*What the task asks*: All that is needed is the line containing "Szerokość: 800 mm" together with each line after it, transcribed exactly to the end of the records.

*Data section*:
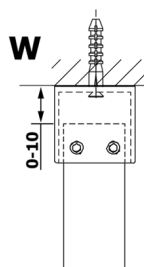

VARIO GOLD jednoczęściowa kabina przysznicowa Walk-In, szkło czyste, 800 mm

Kod: GX1280GX2216

Rozmiary

Szerokość: 800 mm

Wysokość: 2000 mm

Właściwości

Gwarancja: 3 lata

Karta techniczna

MODEL	A
GX1270	679
GX1280	779
GX1290	879
GX1210	979
GX1211	1079
GX1212	1179
GX1213	1279
GX1214	1379

*Answer box*:
Szerokość: 800 mm

Wysokość: 2000 mm

Właściwości

Gwarancja: 3 lata

Karta techniczna

MODEL	A
GX1270	679
GX1280	779
GX1290	879
GX1210	979
GX1211	1079
GX1212	1179
GX1213	1279
GX1214	1379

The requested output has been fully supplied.